For now, I am simply going to watch for these instances and make a note of how often they happen and what my response is, how often it becomes a fight.

I suppose sometimes letting someone must be better as it will keep the peace, and there are days where its better to keep the peace than make a point, right?

 

Thursday, 19 September 2013

Opening up: Asperger's & the new job

Its Day 4 of the new job, and while I am still waiting for that diagnosis (see previous blog) I have already made sure that both my line manager and the person I will be working most closely with, one of the office deputies, are aware of my situation.

On day 2 they decided to have a 10 minute chat with me about how it affected me, whether there was anything they could do to help and how it would manifest if there were issues.

I was really happy that it felt like someone was taking an interest without taking a negatively slanted view.

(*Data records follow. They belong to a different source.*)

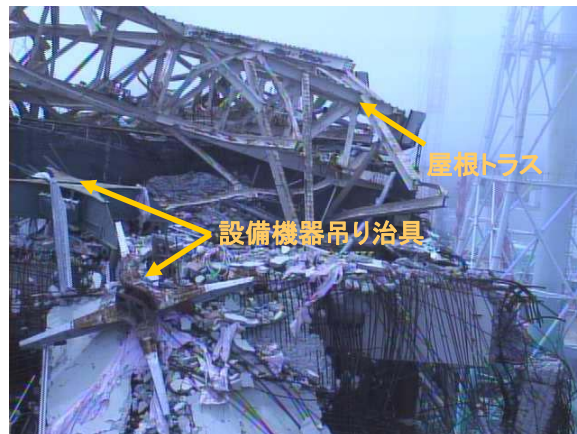

# 福島第一原子力発電所3号機における 原子炉建屋オペレーティングフロア周辺の状況調査結果

＜参考資料＞  
平成24年7月11日  
東京電力株式会社

オペレーティングフロア

①オペレーティングフロア  
北西部状況

②オペレーティングフロア  
東部状況

※ 機器ハッチ拡大写真

③4階状況  
(機器ハッチより撮影)

④3階状況  
(機器ハッチより撮影)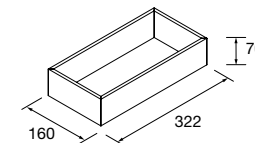

ORGANIZAÇÃO INTERIOR DE GAVETAS, 1 ABERTURA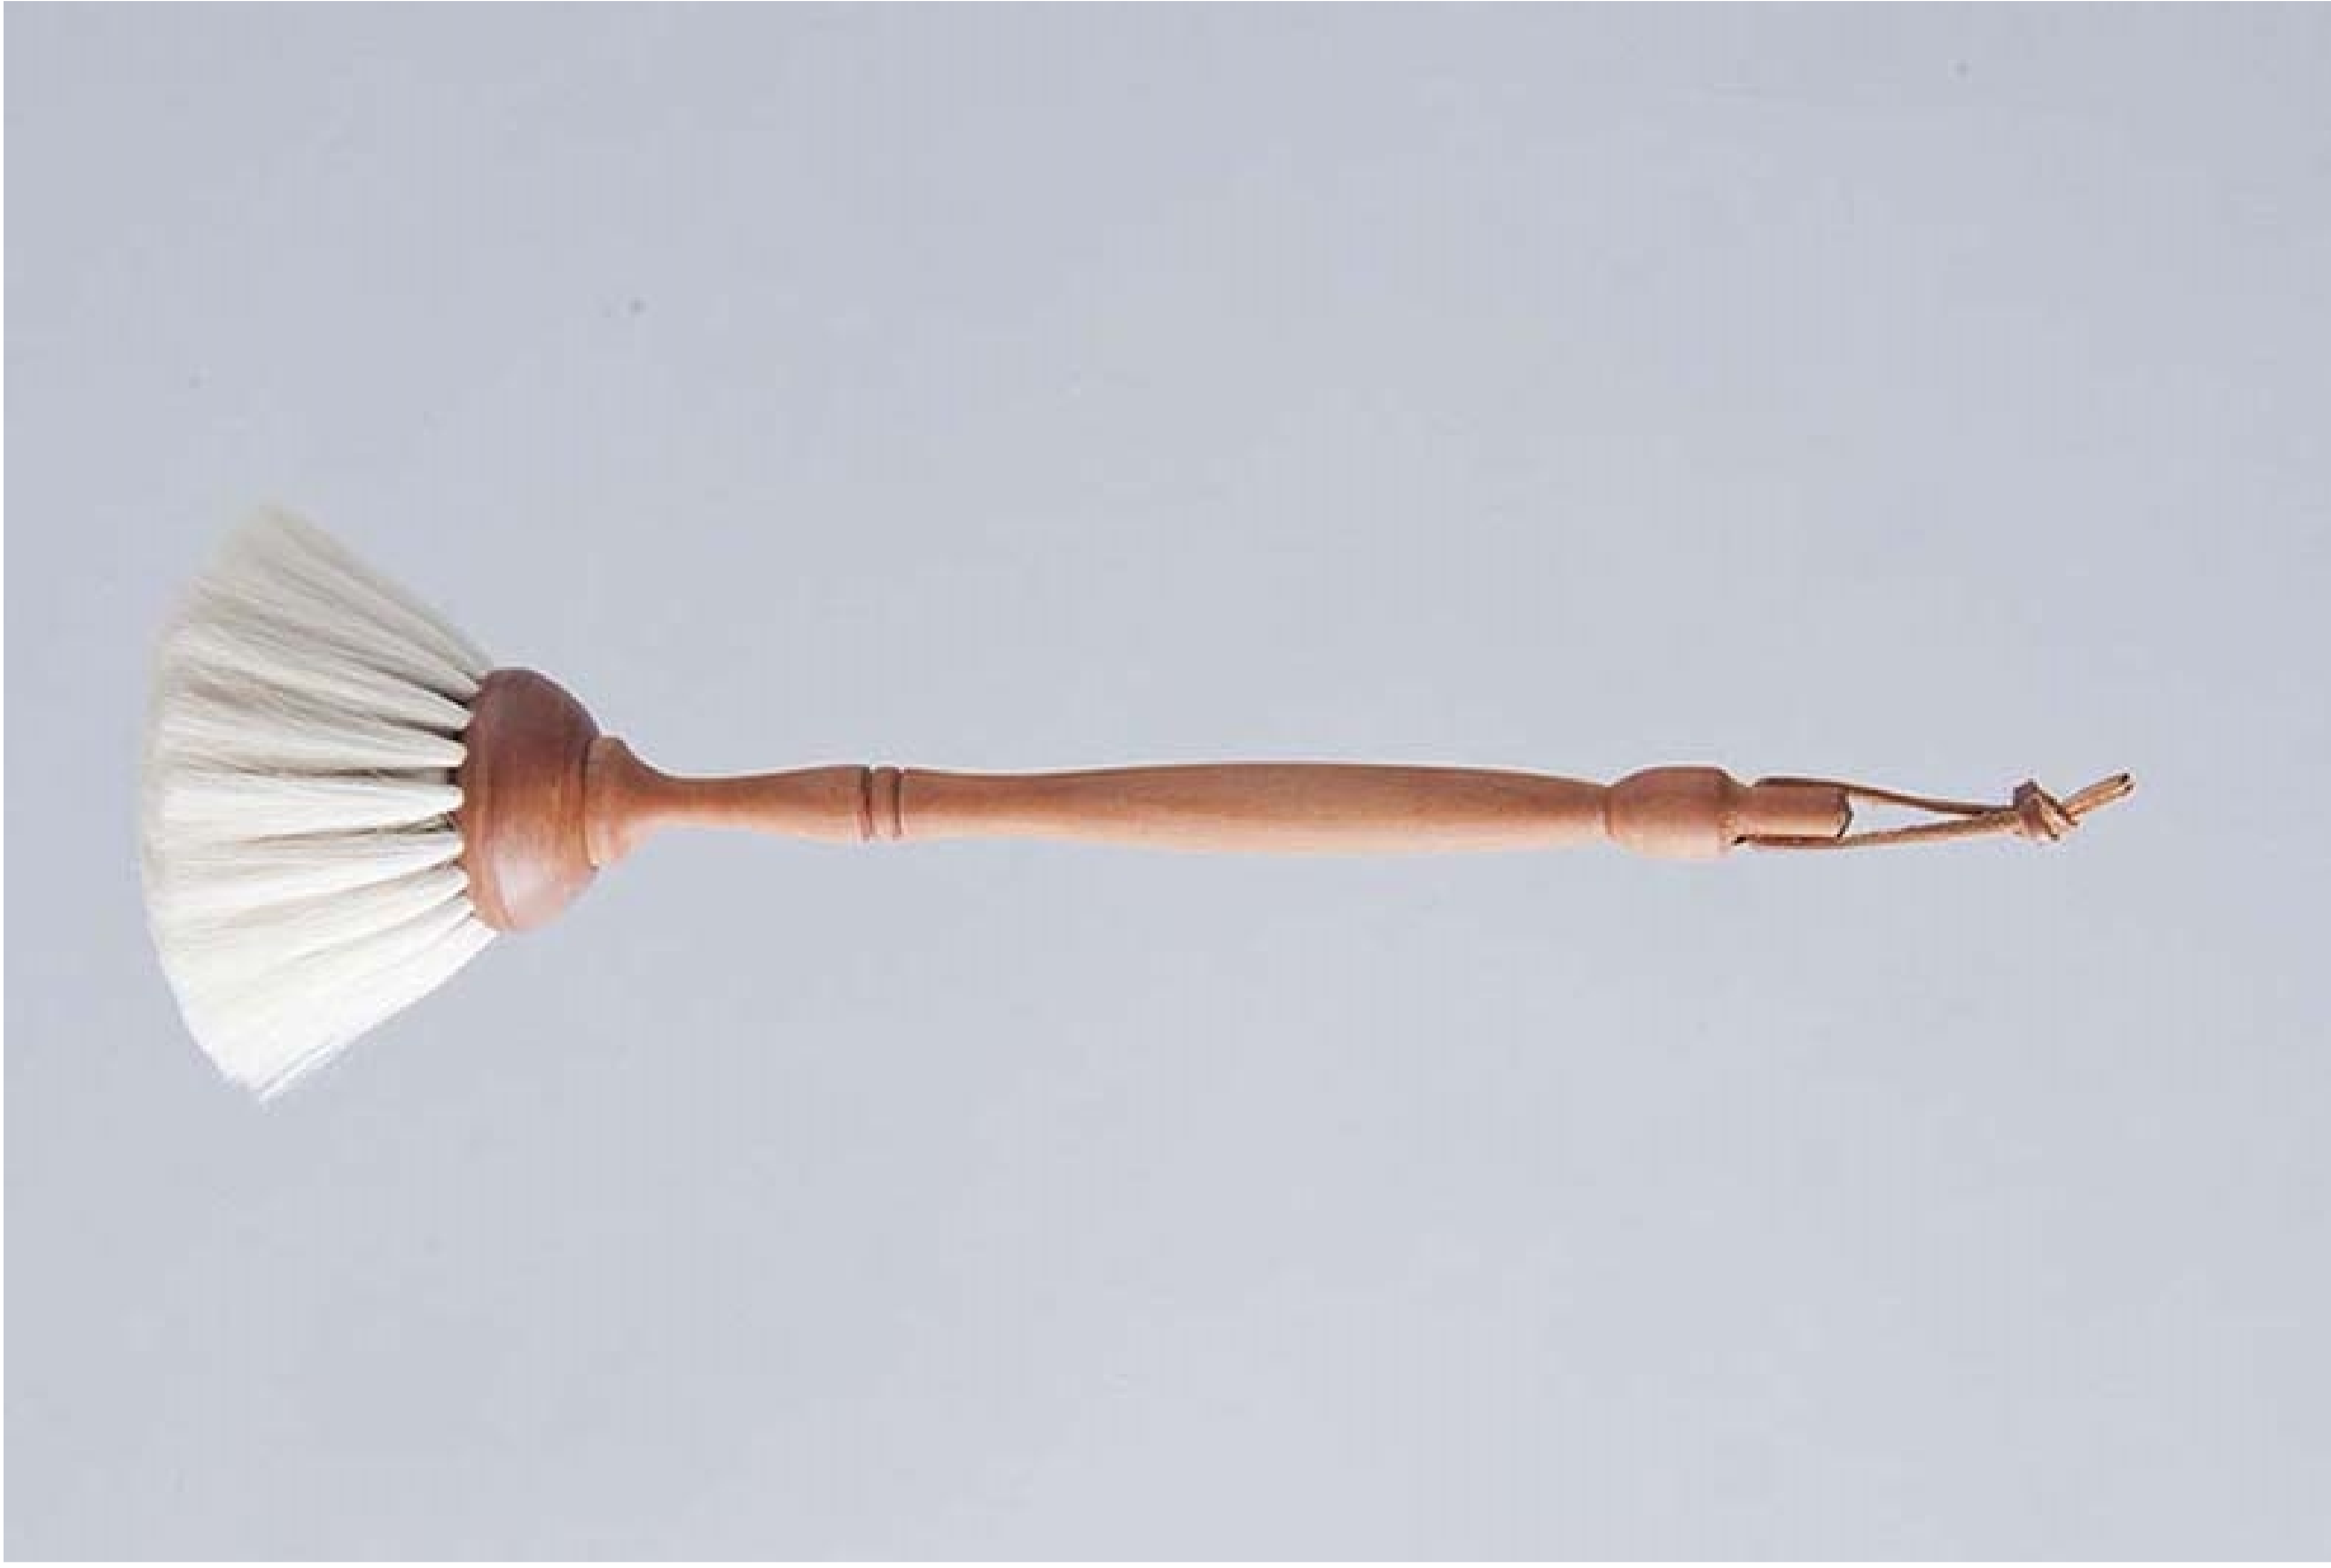

掃除用品

型番	RE460134 (白) /RE 460534 (黒)
品名	白ヤギ毛のはたき / 黒ヤギ毛のはたき
サイズ	34cm
内容	汚れたら洗える、長く使える美しい長毛山羊のダスター。手元のお掃除にどうぞ。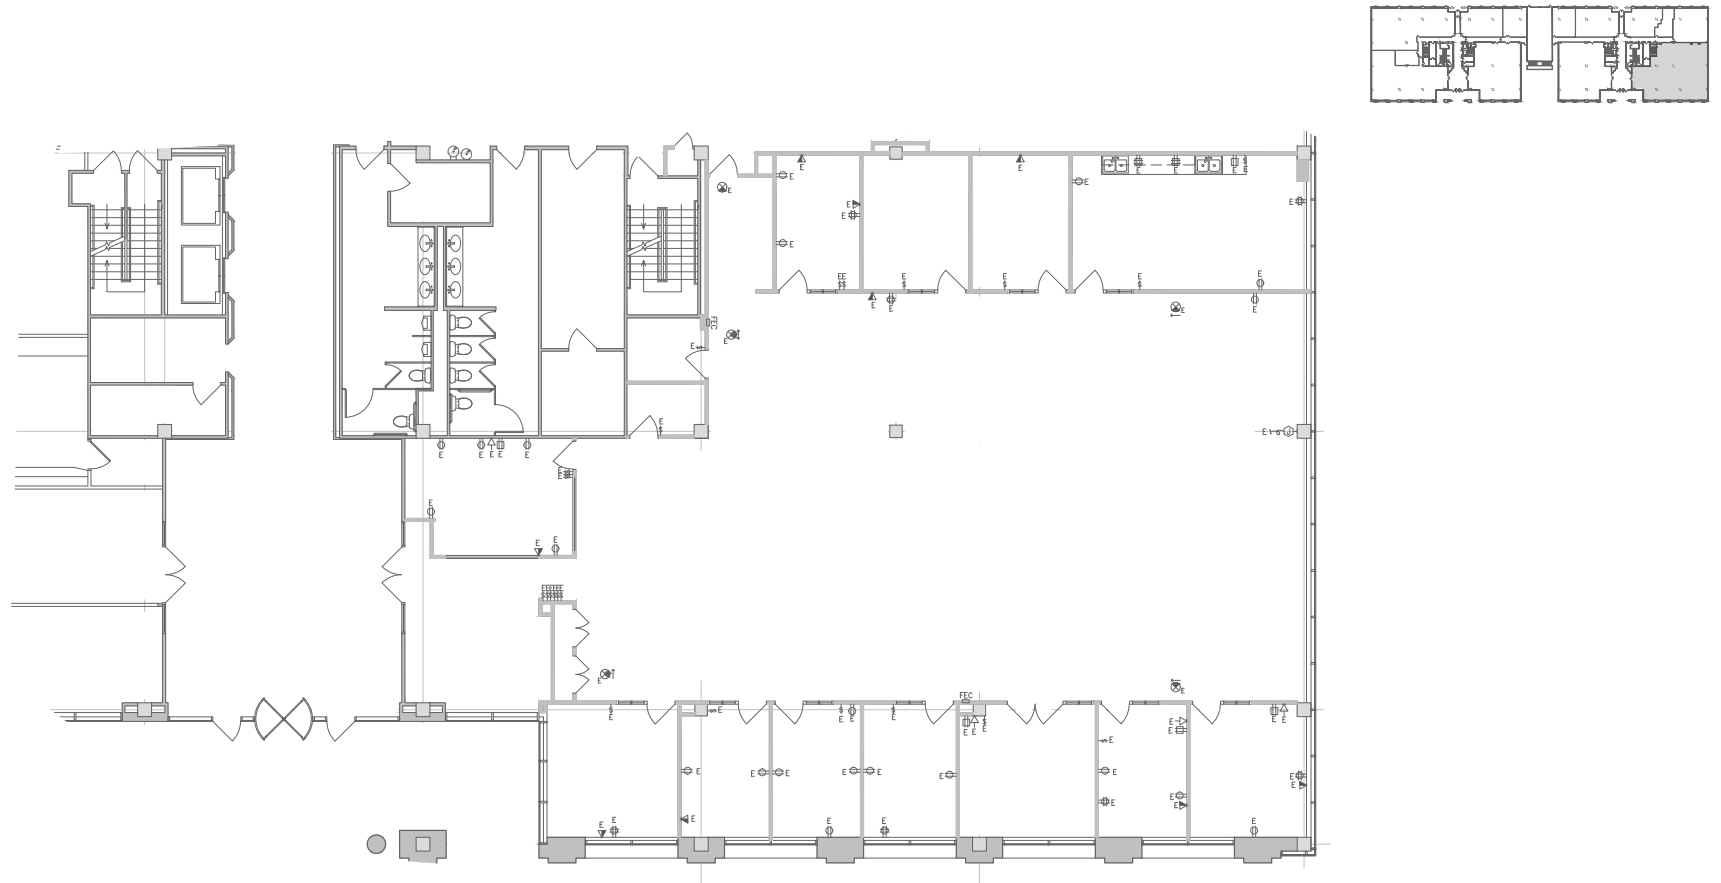

180

7,096 SF

EDENS

650 DUNDEE ROAD
NORTHBROOK, ILLINOIS

JASON WURTZ
630 693 0692
JWURTZ@HIFFMAN.COM

SHANE MURPHY
630 317 0724
SMURPHY@HIFFMAN.COM

KBS

NAI Hiffman

Indeed, my line manager said that after she thought about what it meant, we could do with a few more with a touch of Asperger's in this line of work. It felt good :)

So, onto the job itself.  Mainly I am chaecking the structure of a data system and adding information to it under a strict set of guidelines with some complex user-tools.

Which means it suits me down to the ground.

I decided it would be nice to create a quick list of Pros and Cons comparing this job to the last one, and the results were as follows

Cons
  • It pays less
Pros
  • I don't have to deal with the horrific bitch who ran the last place
  • My commute from door to desk is 8 minutes
  • I am working in the same location that my wife is undertaking her teacher training and work placement
  • My level of responsibility is significantly lower
  • I am not responsible for other people
  • It is less stressful
  • Communication is much more open and honest, so there is very little politicking going on
  • There doesn't appear to be any "us" and "them" within the department
  • I can park 2 minutes walk from my desk
  • There are gym facilities on site that I can use
  • There is a library where staff can hire out DVD's. for free :)
  • The atmosphere is much more laid back
  • I get 4 days more holiday than I got at the old place, and thats at the starting allowance!
  • There don't appear to be any periods that I can't book holiday during
OK, I'm only 4 days in and it already looks pretty good!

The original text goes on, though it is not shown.